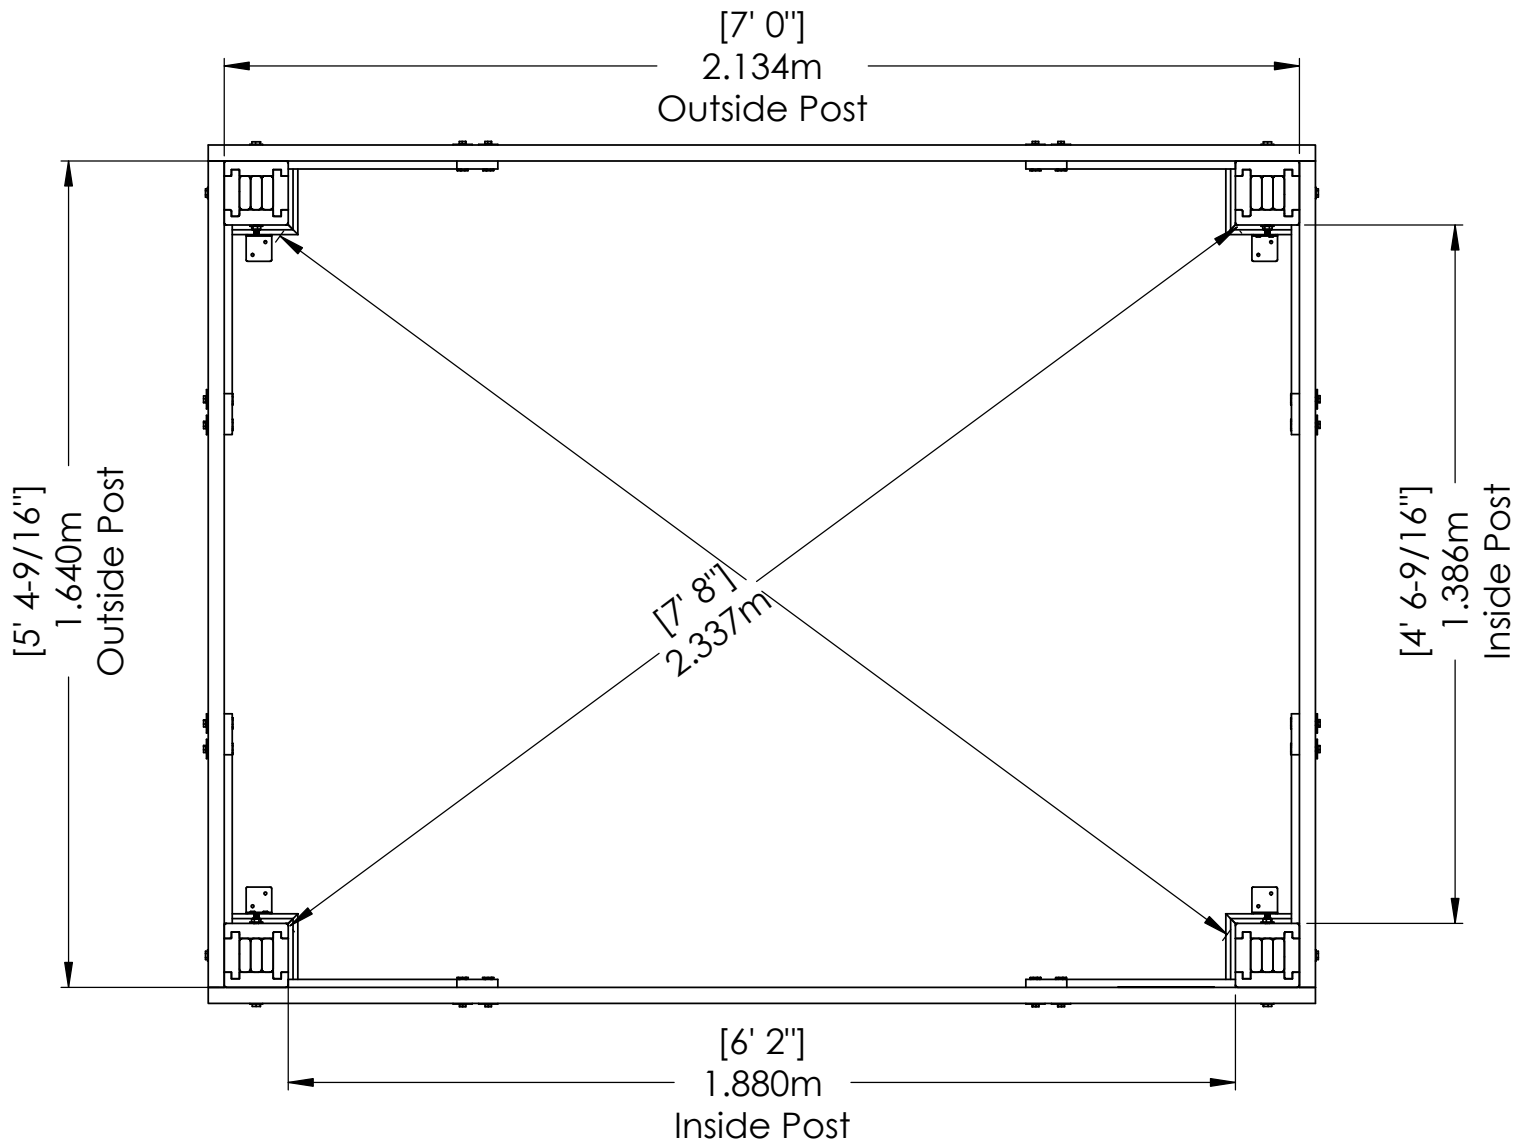

YM11931 - Meridian Grilling Pavilion

Center of Footing/Post
Dimensions

YM11931 - Meridian Grilling Pavilion

YM11931 - Meridian Grilling Pavilion

Peak Height:
8' 10" (2.69m)

Roof Dimensions:
5' 8.56" (1.74m) x 8' (2.43m)

Outside Post Dimensions:
5' 4.56" (1.64m) x 7' (2.13m)

Ground to Bottom of Beam:
6' 7" (2m)

YM11931 - Meridian Grilling Pavilion

YM11931 - Meridian Grilling Pavilion
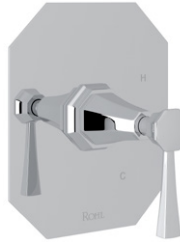

Suggested Retail Price

Handle	APC	PN	STN
U.5107LS-	471	565	589
U.5107X-	471	565	589

- Temperature control only
- 1 function
- Rough valve sold separately
  - Order RCT-1 1/2" Pressure balance rough: $183
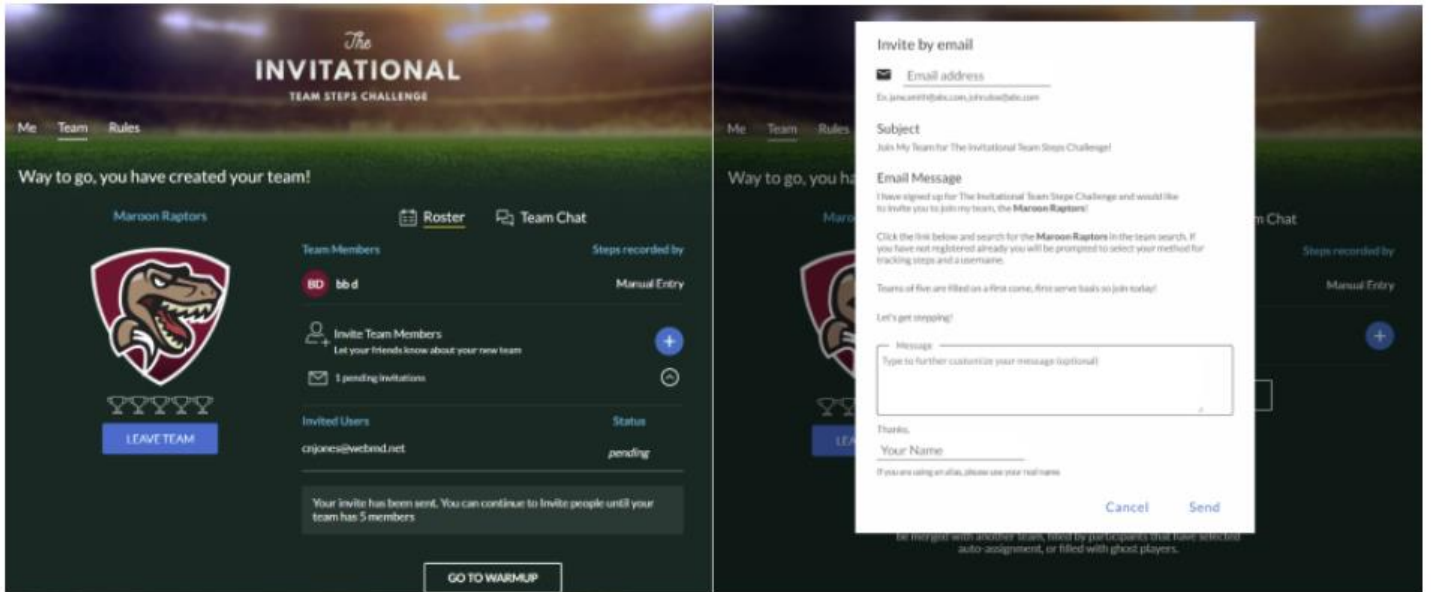

INVITING FRIENDS TO JOIN

Users who have joined a team can click on the blue plus sign in the Invite Team Members section of the Teams tab to send email Invitations to their friends and colleagues. Note that the inviter must enter an email address that is associated with a registered user of L1veWell portal.

Invitees will receive an email with the name of the individual inviting them and the respective team. To join the team the user will need to login, register for the Invitational (if they haven't already done so), and search for the team in the team search page.
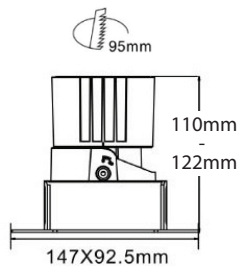

- Recessed led spotlight
- trimless/frameless
- for indoors use
- from die cast aluminum
- movable horizontally ±355° and vertically ±30°
- with light source positioned deep
- for darklight effect and reduce of glare
- UGR<16
- with incorporated 1 cob led source
- adjusted on a high performance heatsink
- for best thermal management
- CRI>90 | 3SDCM as standard
- upon request available with CRI>95 or CRI>98
- upon request available with 2 SDCM
- in 2700-3000-4000 Kelvin
- upon request in 3500-5000-6500 Kelvin
- with high performance reflector or lens
- available with 15°-20°-24°-36°-40°-60° beam angle
- works with remote led driver
- on/off, dimmable phase cut/Dali/1-10volt
- works with remote led driver on/off as standard
- available upon request dimmable phase cut/Dali/1-10volt

CRI>90 | Power and Luminous flux

Final lumen output depends on the selection of the beam angle

| | | | |
|-------|--|---------------|-----|
| 40105 | 13.8W 2700-3000-4000 KELVIN 875-945-1015 LUMEN | HEIGHT: 110mm | ⏏ ⏏ |
| 40106 | 16.1W 2700-3000-4000 KELVIN 1026-1106-1188 LUMEN | HEIGHT: 110mm | ⏏ ⏏ |
| 40107 | 17.9W 2700-3000-4000 KELVIN 1145-1235-1325 LUMEN | HEIGHT: 110mm | ⏏ ⏏ |
| 40108 | 20.2W 2700-3000-4000 KELVIN 1298-1398-1500 LUMEN | HEIGHT: 122mm | ⏏ ⏏ |
| 40109 | 22.0W 2700-3000-4000 KELVIN 1419-1530-1640 LUMEN | HEIGHT: 122mm | ⏏ ⏏ |
| 40110 | 24.2W 2700-3000-4000 KELVIN 1567-1688-1809 LUMEN | HEIGHT: 122mm | ⏏ ⏏ |
| 40115 | 28.0W 2700-3000-4000 KELVIN 1820-1960-2100 LUMEN | HEIGHT: 122mm | ⏏ ⏏ |
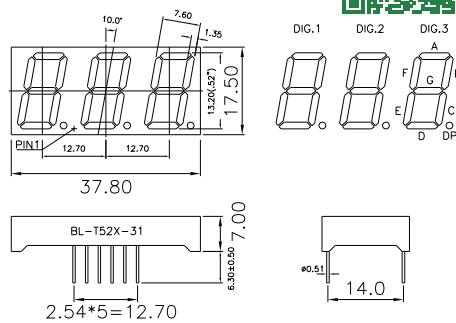

Three Digits Seven Segment LED display

Dimension and Circuit

All dimensions are in millimeters (inches)
Tolerance is $\pm 0.25(0.01)$ unless otherwise note

For more, please visit <http://www.betlux.com>

----

— Required action —
Leave out the pictures, then repeat the listing above exactly from its first line to the line with "- with incorporated 1 cob led source", inclusive.

— Solution to this problem —
YM11931 - Meridian Grilling Pavilion

Center of Footing/Post
Dimensions

YM11931 - Meridian Grilling Pavilion

YM11931 - Meridian Grilling Pavilion

Peak Height:
8' 10" (2.69m)

Roof Dimensions:
5' 8.56" (1.74m) x 8' (2.43m)

Outside Post Dimensions:
5' 4.56" (1.64m) x 7' (2.13m)

Ground to Bottom of Beam:
6' 7" (2m)

YM11931 - Meridian Grilling Pavilion

YM11931 - Meridian Grilling Pavilion

Suggested Retail Price

Handle	APC	PN	STN
U.5107LS-	471	565	589
U.5107X-	471	565	589

- Temperature control only
- 1 function
- Rough valve sold separately
  - Order RCT-1 1/2" Pressure balance rough: $183

INVITING FRIENDS TO JOIN

Users who have joined a team can click on the blue plus sign in the Invite Team Members section of the Teams tab to send email Invitations to their friends and colleagues. Note that the inviter must enter an email address that is associated with a registered user of L1veWell portal.

Invitees will receive an email with the name of the individual inviting them and the respective team. To join the team the user will need to login, register for the Invitational (if they haven't already done so), and search for the team in the team search page.

- Recessed led spotlight
- trimless/frameless
- for indoors use
- from die cast aluminum
- movable horizontally ±355° and vertically ±30°
- with light source positioned deep
- for darklight effect and reduce of glare
- UGR<16
- with incorporated 1 cob led source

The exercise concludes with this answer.